Дело, собственно, было в том, что Чарэс Томмар, он же Ляма, он же Рэмо ра'Вим из Ксалады, изволил родиться в этот осенний денёк. А его многострадальная мать, не вытянув, умерла при родах, оставив дитятку круглым сиротой, и он, как бы ни был занят, каждый год в этот день приходил к Веровику и молился за спасение её грешной души.
— Может, проводить? А то, куры-утки, заблукаете ещё. Цоррб злющий у нас по округе бродит.
— Сам найду. А про цоррба ты сейчас серьёзно сказал?

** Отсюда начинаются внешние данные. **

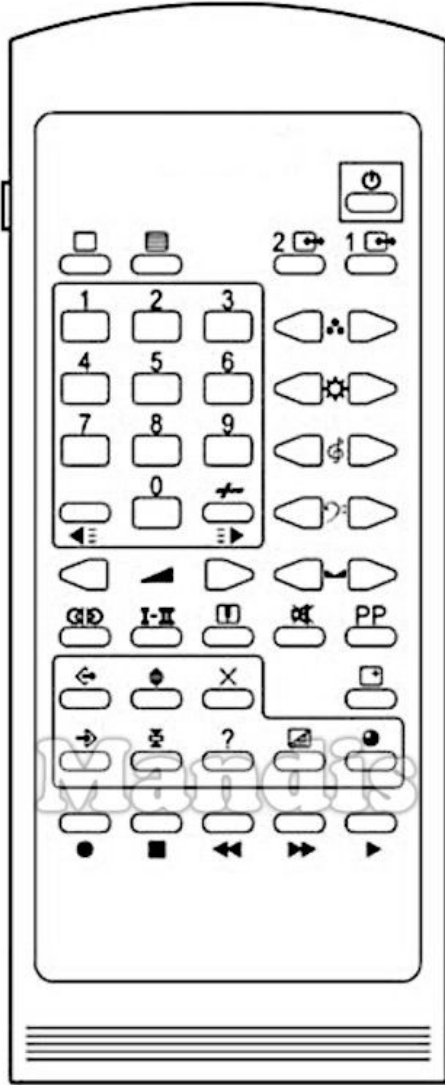

Original	Replacement	Original	Replacement
 Power	 Power	 9	 9
 TV	 Smart / List	 Sol-	 << / Tune-
 Text	 Text / Goto	 Sol+	 >> / Tune+
 Source 2	 Shift + AV / Input / RDS	 <=	 Shift + CH- /
 Source 1	 AV / Input / RDS	 0	 0
 1	 1	 -/-- / =>	 Shift + CH+ /
 2	 2	 -/-- / =>	 Guide / EPG / -/--
 3	 3	 Fa-	 Left
 Contrast-	 I<< / Preset-	 Fa+	 Right
 Contrast+	 >>I / Preset+	 Vol-	 Vol-
 4	 4	 Vol+	 Vol+
 5	 5	 ><-	 CH- / Page-
 6	 6	 ><+	 CH+ / Page+
 Brightness-	 Down	 OO	 Sound / Title
 Brightness+	 Up	 I-II	 Audio / Lang I/II
 7	 7	 []	 Zoom / Size
 8	 8	 Mute	 Mute / Dimmer

Original	Replacement	Original	Replacement
	PP		Back / Return
	Exit		Exit / Cancel / Clear
	Size		Shift + Zoom /
	Cancel		Shift + Exit / Cancel / Clear
	[+]		Info / Angle
	Enter		OK
	Hold		Stop / Hold
	Reveal		TV/Radio /
	Mix		Shift + Text /
	Subcode		Subtitle / EQ

— А то! Говорят это тот самый цоррб, в котором дух самого Алу'Вера живёт.
— Кто говорит-то?
— Хабуа.
— Ты и Хабуа знаешь?
— А кто его здесь, куры-утки, не знает.
— Ясно. Буду иметь в виду. А ты, зубастый, не скучай. До вечера меня не будет, так что не горлопань без причины. Если тихо всё будет, навещу, как приеду, деньжат подкину.
— Понял, сиорий. Всё сделаю, — довольно закивал Фэнчик, помахивая в след Чарэсу куцей ладонью.
* * *
Он встретил их на развилке, у древнего, почти уже набок завалившегося деревянного указателя. Одна из дорог — на Гевер — забирала правее и пропадала из вида за языком леса. Другая — та, что вела в Триимви, — падала вниз, извиваясь змеёй среди скал. Третья — Северный тракт, ведший к Узуну и дальше, — осталась у Чарэса за спиной.
Сначала он увидел лишь одного, сидевшего на широкобёдром вороном жеребце. Чарэс инстинктивно натянул поводья. Чалая фыркнула. Незнакомец повернулся и заметил его, ладонь в кожаной со стальными вставками перчатке опустилась на навершие рукояти меча.
На нём был белый плащ с бардовым кантом, что не оставляло сомнений в его принадлежности к жрецам Ткавела. Лицо, казалось, отсутствовало, и виной тому был не глубокий капюшон — оно сплошь было покрыто чёрными и бардовыми крест-накрест повязками; видны были лишь полоска рта и песочно-жёлтые проблёскивавшие точки глаз.